Post-collapse analysis of Morandi’s Polcevera viaduct in Genoa Italy

Morandi’s Polcevera viaduct was an important transportation link that connected port of Genoa to other major cities in Europe. The bridge was in service for over 50 years and carried the traffic over one of the busiest highways in Europe. Real-time structural health monitoring would have provided data for maintenanceand warned of impending failure. The objective of the study reported herein was to estimate the remaining service life and predicting the end of life for the bridge in the absence of available sensor data. The analysis involved time-domain estimation of bridge capacity loss over the period of bridge service and increase in demand over the same period.

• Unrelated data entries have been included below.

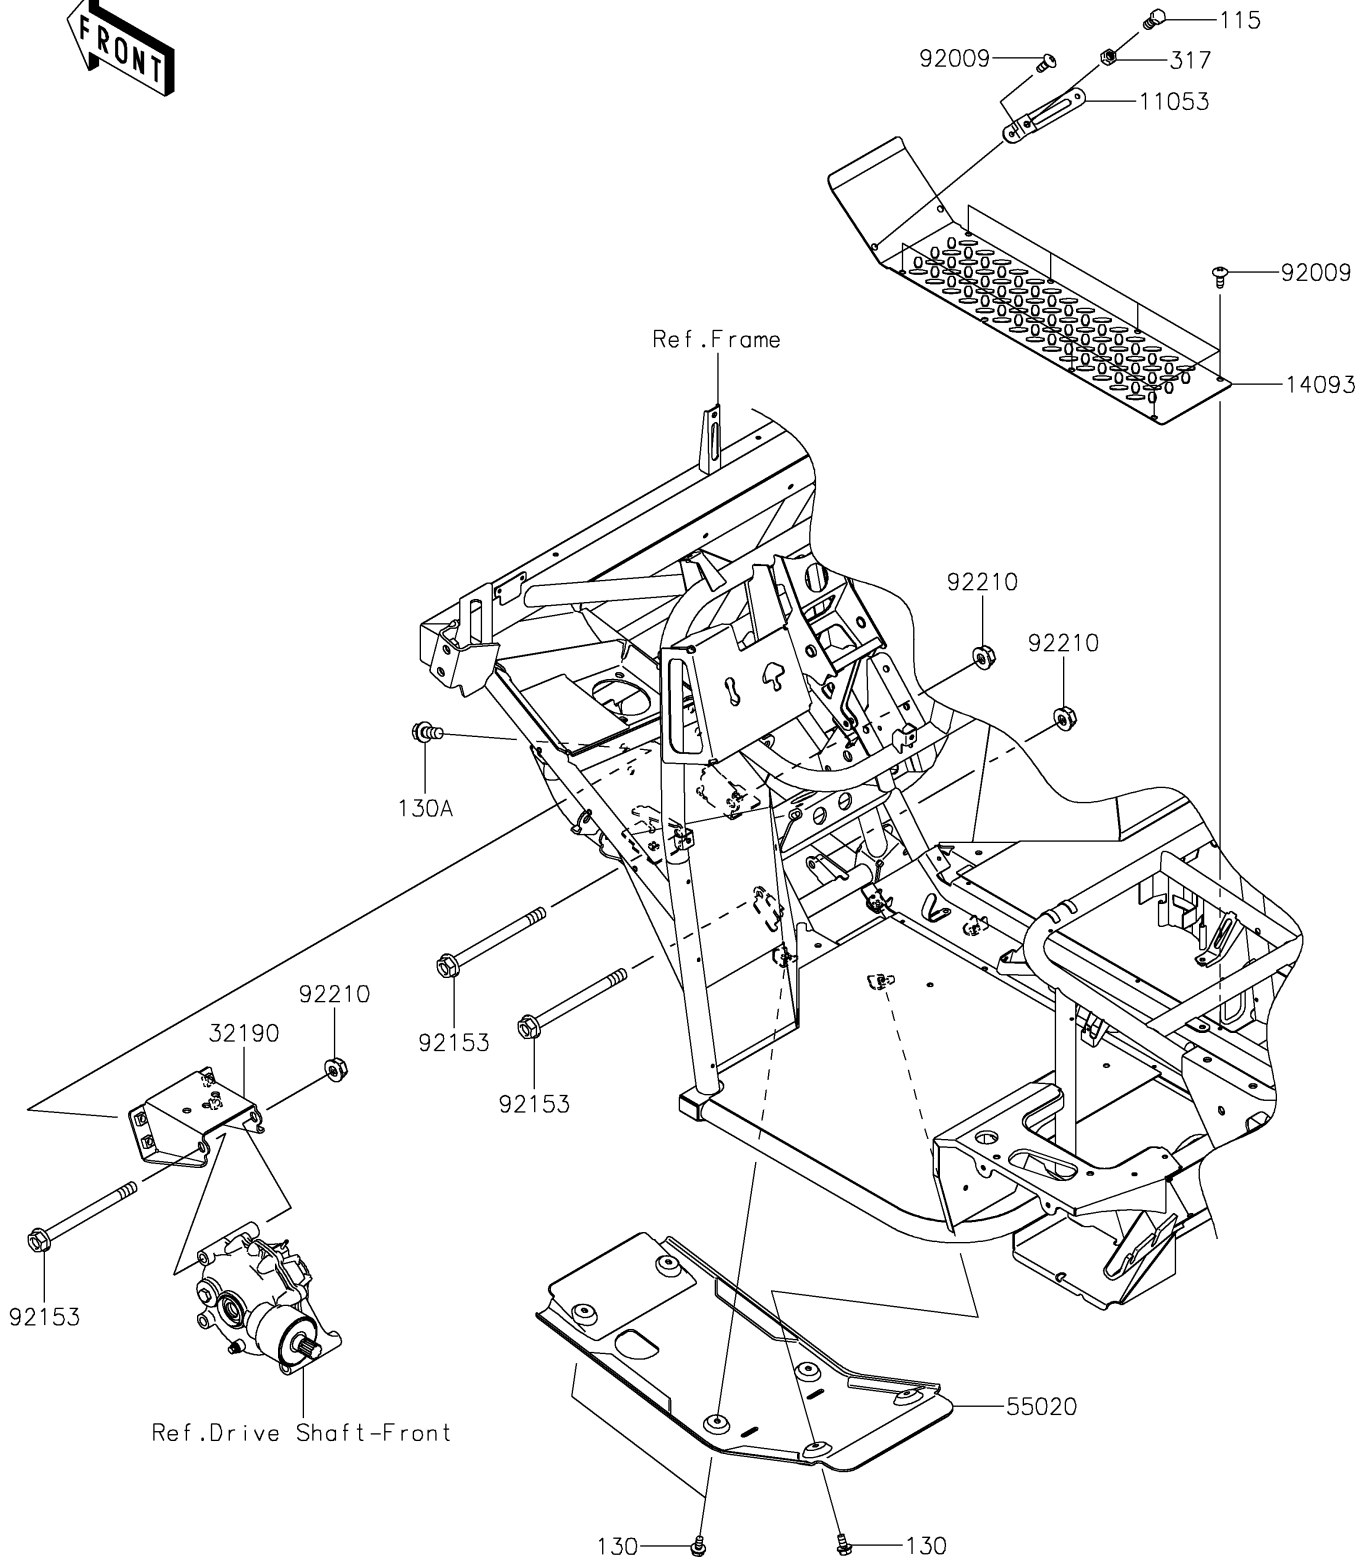

2019 MULE SX™ 4x4 XC LE FI PARTS DIAGRAM

Engine Mount

F2122

2019 MULE SX™ 4x4 XC LE FI PARTS LIST

Engine Mount

ITEM NAME	PART NUMBER	QUANTITY
BRACKET,THROTTLE LEVER (Ref # 11053)	11053-1670	1
COVER,FLOOR,CNT (Ref # 14093)	14093-0469	1
BRACKET-ENGINE (Ref # 32190)	32190-0639	1
GUARD,FRONT DIFF (Ref # 55020)	55020-0165	1
SCREW,TAPPING,6X16 (Ref # 92009)	92009-1166	9
BOLT,FLANGED,10X120 (Ref # 92153)	92153-7502	3
NUT,LOCK,FLANGED,10MM (Ref # 92210)	92210-0276	3
BOLT-SMALL-UPSET,8X20 (Ref # 115)	115BA0820	1
BOLT-FLANGED,6X12 (Ref # 130)	130BA0612	6
BOLT-FLANGED,10X20 (Ref # 130A)	130BA1020	4
NUT-HEX-SMALL,8MM (Ref # 317)	317BA0800	1
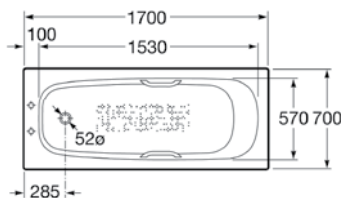

Martina

182 litres

231260000 Bath with anti-slip – 2 taphole **£431.24**
023001014 Grips **£29.36**

Volumes are up to the overflow and do not include displacement

For full technical details, please see the product catalogue on our website.
Many of our products can be purchased through our online store. Please visit www.uk.roca.com for more details.
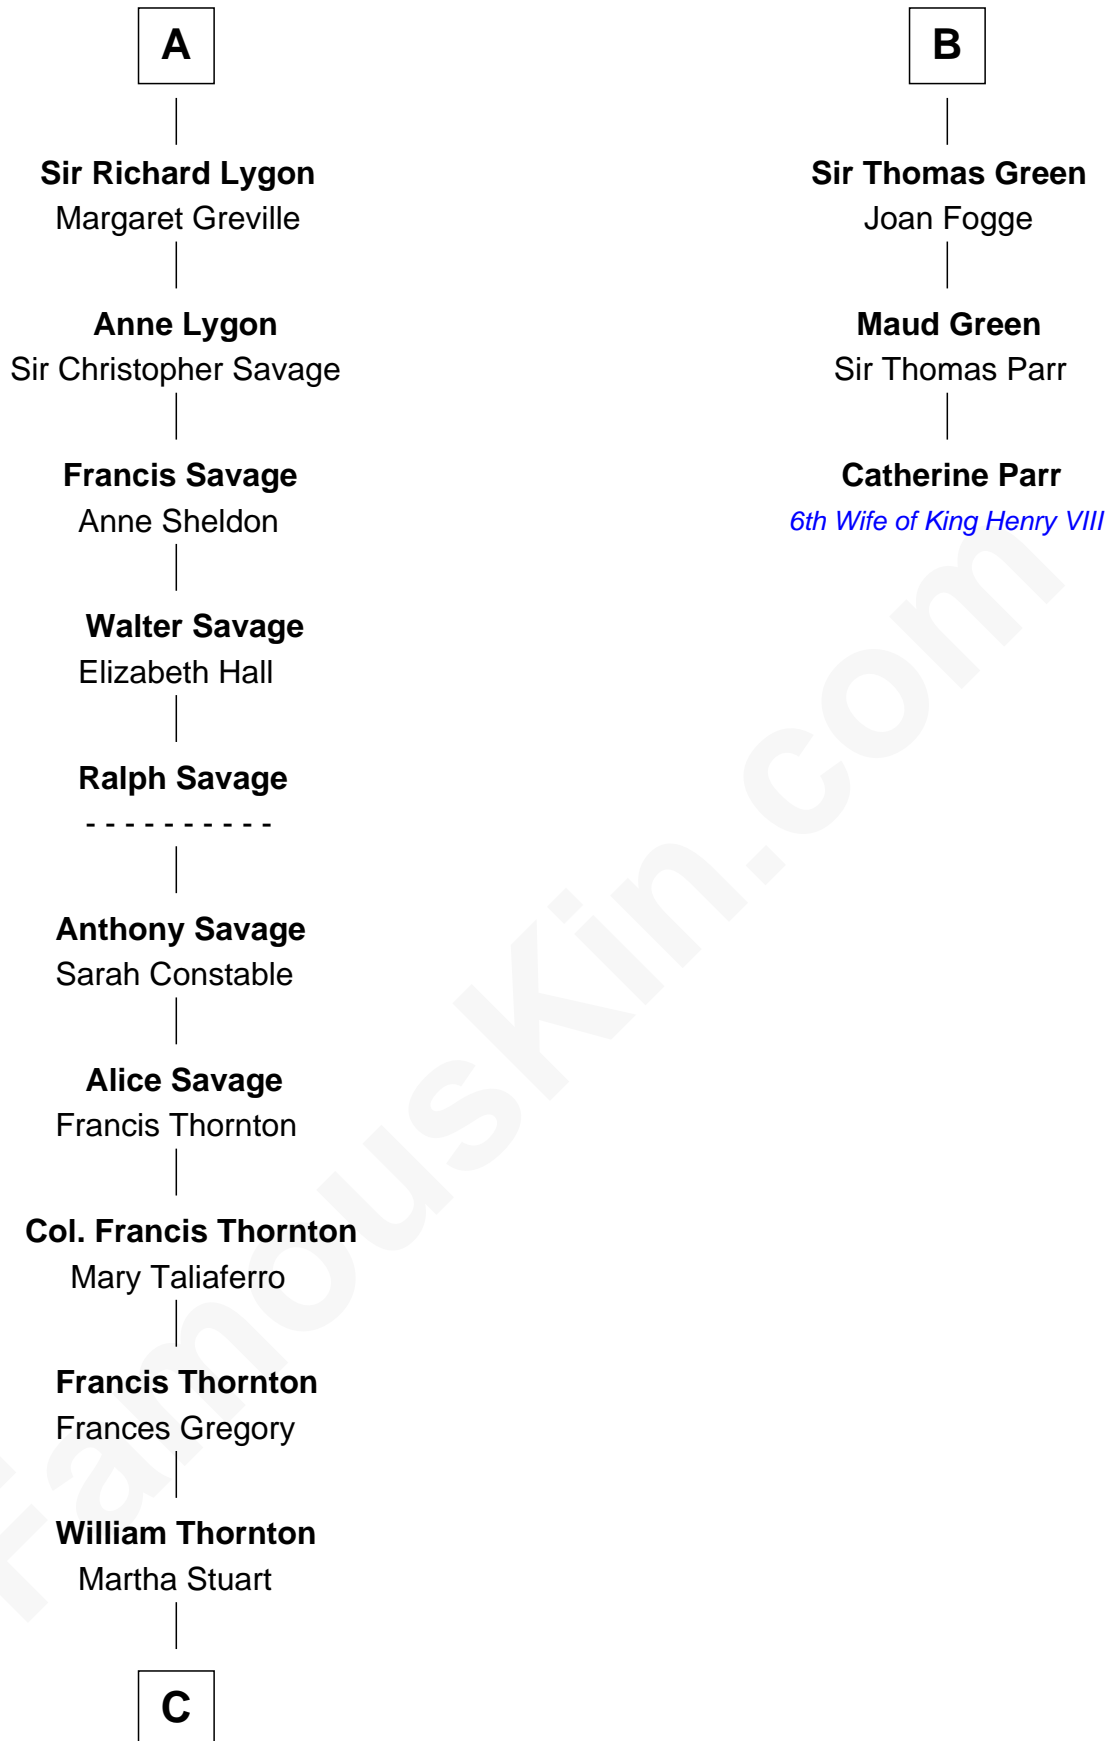

FamousKin.com
Relationship Chart of
General George S. Patton
U.S. Army - World War II

9th cousin 12 times removed of
Catherine Parr
6th Wife of King Henry VIII

C

William Thorton
Eleanor Thompson

Susanna Thompson Thorton
Andrew Glassell
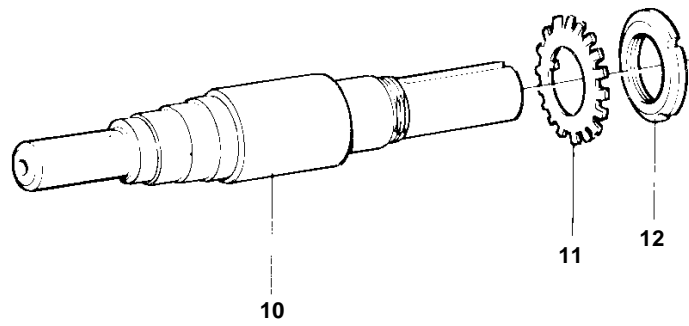

1

15386

REF	PART NO.	QTY	DESCRIPTION	NOTES
1	865241	1	Sea water pump	
2	865246	1	· Impeller	
3	863901	1	· Spacer sleeve	Included in overhaul kit.
4	863900	1	· Seal	Included in overhaul kit.
5			· Ring	
6	863897	1	· Sealing ring	Included in overhaul kit.
7	863898	1	· Sealing ring	Included in overhaul kit.
8	183121	1	· Roller bearing	Included in overhaul kit.
9	11025	1	· Ball bearing	Included in overhaul kit.
10	865245	1	· Shaft	
11	863894	1	· Lock washer	Included in overhaul kit.
12	863895	1	· Nut	
13	863905	1	· Snap ring	Included in overhaul kit.
14	864481	3	· Screw	Included in overhaul kit.
15	864480	3	· Washer	Included in overhaul kit.
16		1	· Bearing housing	
17	865527	X	· Shim	TH=0,127mm. Included in overhaul kit.
	865528	X	· Shim	TH=0,25mm. Included in overhaul kit.
	865529	X	· Shim	TH=0,305mm. Included in overhaul kit.
	865530	X	· Shim	TH=0,38mm. Included in overhaul kit.
18	863896	1	· Lock ring	Included in overhaul kit.
19		1	· Housing	
20	865525	2	· Plate	
21	865526	1	· Spacer ring	
22	863888	1	· O-ring	Included in overhaul kit.
23		1	· Cover	
24	914390	1	· Plug	
25	863906	2	· Clamp	
26	863907	2	· Clamp	
27	876594	1	Repair kit

In addition to the existing information about the bridge, combined effects of corrosion and fatigue were considered in estimating the decrease in the capacity of the bridge from the time it was placed in service. Classical influence line analysis of the individual sections of the pylon–deck system of the bridge, together with the finite element model of the bridge, provided the numerical tool for analysis of the bridge. A number of different approaches were compared in estimating the remaining life of the bridge, including the cumulative damage law of Palmgren and Miner, as well as the Goodman, Gerber and Soderberg mean fatigue stress diagrams. The predicted timing of collapse by these models ranged from the year 2014 based on the cumulative damage law, and 2016 by the Gerber and Goodman diagrams. The estimates from this study predict the collapse of the bridge 2–4 years prior to the actual collapse date in 2018. The results of this study indicated that even without an active instrumented structural health monitoring system, basic engineering principles may provide the backing for estimation of remaining life of the infrastructure. In the case of the Morandi bridge, such an analysis at some point during its service life would have possibly predicted imminence of collapse prior to the actual collapse.